On Wed, Jun 15, 2011 at 11:15 AM, Milan Straka
a) we could left and right folds. For the Set and IntSet it is simple -- we can add foldr and foldl, and deprecated fold with the message 'use foldr instead'.
I think we should have both left and right folds for ordered containers.
For the Map and IntMap it is not so simple -- should we add both foldr, foldl, foldlWithKey and foldrWithKey?
I think so.
b) we could use the Foldable instances more. We can implement foldr and foldl efficiently and let the users to use those instead of providing eg Set.foldr, Set.foldl.
This does not cover the *WithKey variant, as the Foldable instances over Map and IntMap does not utilize the key.
I think we should provide Foldable instances, but singe e.g. foldl' isn't a method of the Foldable class we cannot do so as efficiently as we'd like. I looked into this before and the core for foldl' in Foldable is quite poor.

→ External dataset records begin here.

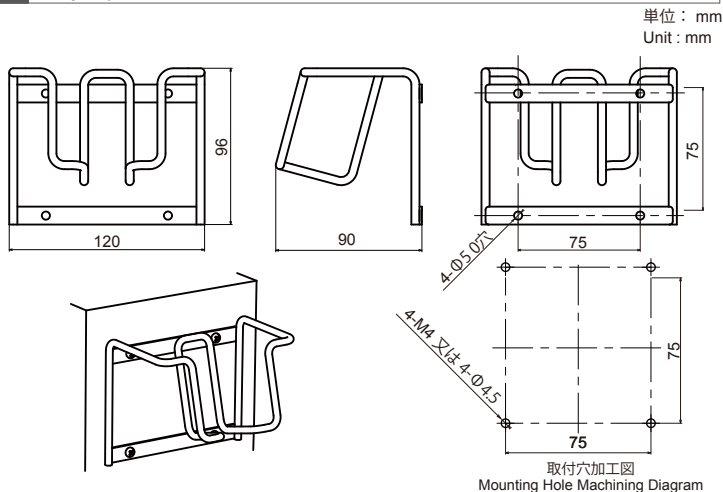

取扱説明書 INSTRUCTION SHEET

HT3P形 壁掛け金具 <HT9Z-3PF1>
HT3P Wall Mounted Holder <HT9Z-3PF1>

この度は、IDEC製品をお買い上げいただき、ありがとうございます。ご注文の製品に間違いがないかご確認のうえ、本書の内容をよくお読みいただき、正しくご使用ください。また、本書はユーザー様に大切に保管ください。

Confirm that the delivered product is what you have ordered. Read this instruction sheet to make sure of correct operation. Make sure that the instruction sheet is kept by the end user.

1 梱包内容 Packing content

品名 Name		個数 Pcs
HT3P形壁掛け金具 HT3P Wall Mounted Holder		1
取扱説明書(本書) Instruction Sheet (This manual)		1

2 外形図 Dimensions

3 使用上のご注意 Notes for Operation

- 本オプションはHT3P形の壁掛け金具です。他の用途に使用しないでください。
- This option is the Wall Mounted Holder of the HT3P. Please do not use it for other purposes.
- 本オプションを廃棄する場合は産業用廃棄物として扱ってください。
- When disposing of this option, do so as an industrial waste.

4 製品使用手順 Product Installation Procedure

- (1) 製品を背もたれに沿わせてまま矢印の方向にスライドさせます。
(壁掛け金具から製品を取り外す際は、矢印と反対の方向にスライドさせます。)

- (2) 製品の設置が完了。

- (1) Please slide the product in the direction of the arrow.

(When removing, slide the product in the opposite direction of the arrow.)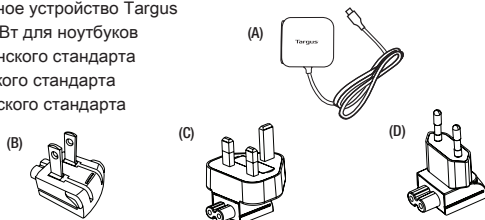

Targus Стенное Зарядное Устройство Для Ноутбуков С Разъемом USB Типа C

RU

Вводная информация

Благодарим Вас за приобретение стенного зарядного устройства Targus с разъемом USB тип.

Содержимое

- (A) Стенное зарядное устройство Targus мощностью 45 Вт для ноутбуков
- (B) Вилка американского стандарта
- (C) Вилка британского стандарта
- (D) Вилка европейского стандарта

c) strict folds. If we add also strict folds, we would have a total of _four_ folds in Set and IntSet and __eight__ folds in Map and IntMap.
The Foldable module exports foldl' and foldr', which use foldr, foldl respectively, but needs some intermediate memory (it creates a thunk for every node of the structure). Apart from that, this does not cover the *WithKey variants as in b).
I think we definitely need strict folds. These are by far the most useful folds in my experience (foldr is mostly used to implement toList).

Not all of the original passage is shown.